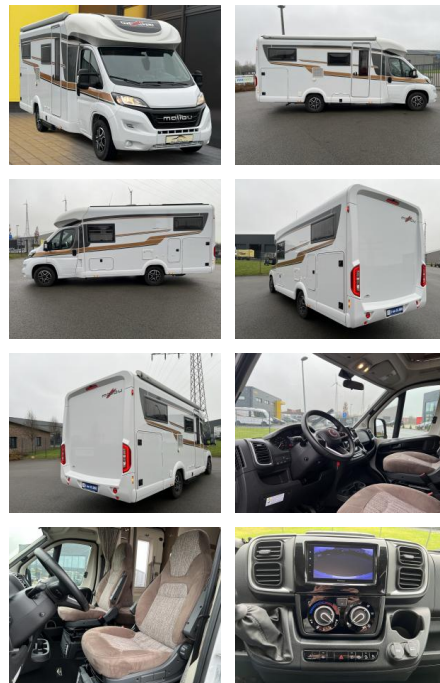

AB19-NB-MAL-44 gebotsnr.:

Erstzulassung:	Kilometer:	Farbe:	Leistung:	Kraftstoffart:
01.12.2022	29.000	Weiß	103 kW / 140 PS	Diesel

PREIS
81.740 €

FINANZIERUNGSBEISPIEL

Laufzeit: 72 Monate Anzahlung: 25 %
Basis-Finanzierung:* Mtl. Rate:
Zielraten-Finanzierung:** **709 €**

- WORK TO COMPLETE:
Only the lines from the one containing "Laufzeit: 72 Monate Anzahlung: 25 %" through the last line above belong in your answer. Retype them exactly.

- WRITTEN SOLUTION:
Laufzeit: 72 Monate Anzahlung: 25 %
Basis-Finanzierung:* Mtl. Rate:
Zielraten-Finanzierung:** **709 €**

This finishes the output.